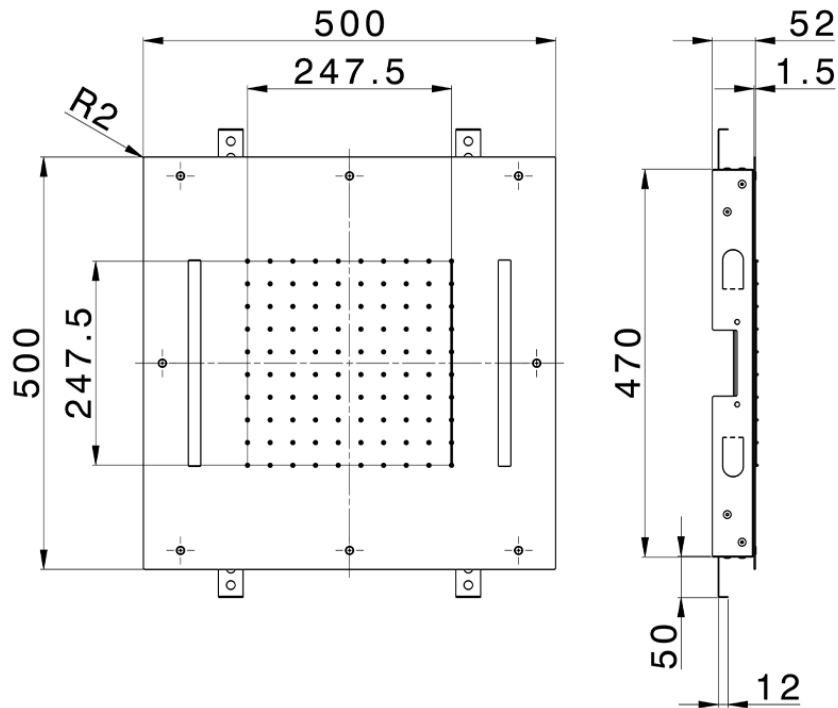

Rociador de techo con cromoterapia 500x500 mm ZEN SHOWER_ZS0C0075

ZS0C0075

<https://es.cisal.it/rociador-de-techo-con-cromoterapia-500x500-mm-zen-shower-zs0c0075>

2026-06-19

========

Lines of the data above that include the string "techo" must each be copied.

Rociador de techo con cromoterapia 500x500 mm ZEN SHOWER_ZS0C0075
<https://es.cisal.it/rociador-de-techo-con-cromoterapia-500x500-mm-zen-shower-zs0c0075>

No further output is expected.